Sunday, December 10, 2017

Spicing up the House

So today is dedicated to putting the final natural touches on the decorations into house. The Office is coming over next Friday and the family comes in after that.  We have not had all of us together at our house on Christmas for a while, so I have put up two trees and pull out all the decorations. (Which is a large strange collection of love)

I was about ready to light a candle, but because I had some wonderful fresh blueberries, raspberries, and strawberries in the house ...I decided to make a crumble.

So I filled the house with fish cinnamon and simmering berries....  So now on to the fresh magnolia/evergreen swag for the hall stairway.

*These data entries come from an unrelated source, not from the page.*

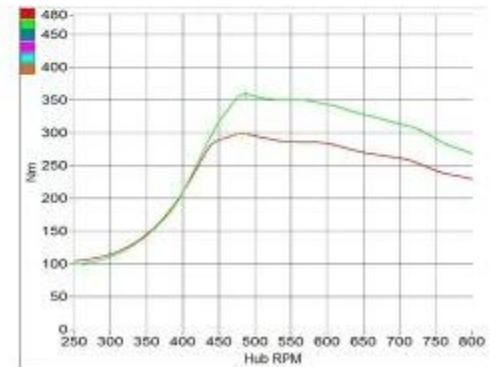

*** опционально**

ELECTRIC GARDEN

25

6

0

7

2

12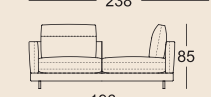

E-ASO-RA 60/SB168*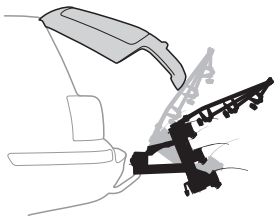

EN Adjustment	DK Justering	UK Регулювання	EL Ρύθμιση
DE Afstelling	NE Justering	BG Регулиране	TR Ayarlama
FR Réglage	FI Säätäminen	CS Nastavení	AR ضبط
NL aanpassing	ET Reguleerimine	SK Nastavenie	HE כוונן
IT Regolazione	LV Regulēšana	SL Nastavitev	ZH 調整
ES Ajuste	LT Reguliavimas	HR/BiH Podešenje	JA 調整
PT Ajuste	PL Regulacja	RO Reglare	KO 조정
SV Justering	RU Регулировка	HU Beállítás	TH การปรับ

i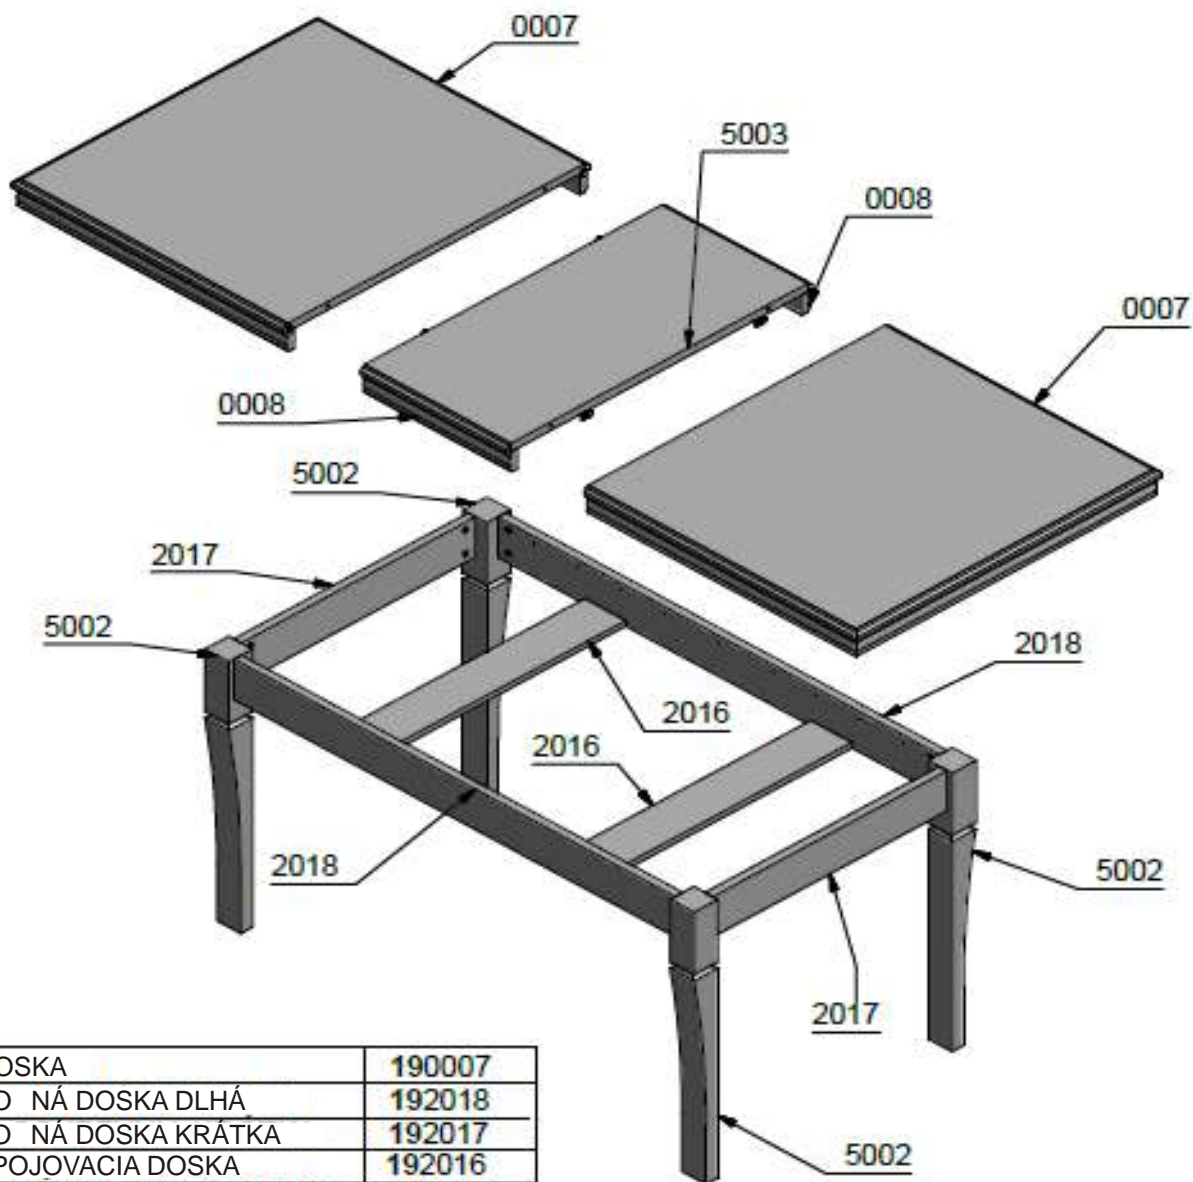

# KORA Stôl 160x90x78

## Montážny návod

1-	DOSKA	190007
2-	BO NÁ DOSKA DLHÁ	192018
3-	BO NÁ DOSKA KRÁTKA	192017
4-	SPOJOVACIA DOSKA	192016
5a/6a -	NOHA PREDNÁ L/P	195002
5b/6b -	NOHA ZADNÁ L/P	195002
7 -	POSUVNA AS DOSKY	190008
8 -	LIŠTY	195003
FAREBNÉ PREVEDENIE	1. SAMOA KING 2. DUB CANYON	

A

x 12

(8x36)

B

x 20

C1

x 20

(15x12)

D

x 4 páry

E

x 20

F

x 4

H

x 4

Here is the recipe from a great website I visit often:
Low Carb & Sugar-Free Berry Crumble
Skillet Berry Crumble

• 275 Calories
• 24.8 g of Fat
• 6.4 g of Protein
• 5.5 g of Net Carbs
6 servings
Prep Time
10 minutes
Cook Time
15 minutes
Berry Base
  • 1 tbsp coconut oil (or ghee)
  • 2 cups mixed berries (we used strawberries, blueberries, blackberries and raspberries)
  • 5-10 drops liquid stevia (optional)
  1. Preheat the oven to 400°F.
  2. To make the berry base, heat a medium-size skillet greased with butter or ghee over medium-high heat. Add the berries and cook for 3-5 minutes or until softened. Add sweetener if necessary. 
  3. Place almonds and pecans into a food processor. Add the butter, cinnamon, vanilla extract, sea salt and stevia (if using). Pulse for a few seconds until the mixture is chopped as roughly or as finely as you like. 
  4. Sprinkle the nut mixture on top of the berries and broil for about 7-10 minutes, until lightly browned and crisp on top.
  5. Transfer to a cooling rack and let cool for 5-10 minutes. Serve warm or cold with a dollop of whole milk yogurt on top and a sprinkle of cinnamon.

My finished dish...I will add some fresh whipped cream, with cinnamon...

Here are the berries cooking..loved using my cast iron skillet collection.

Now on to the next project for the day.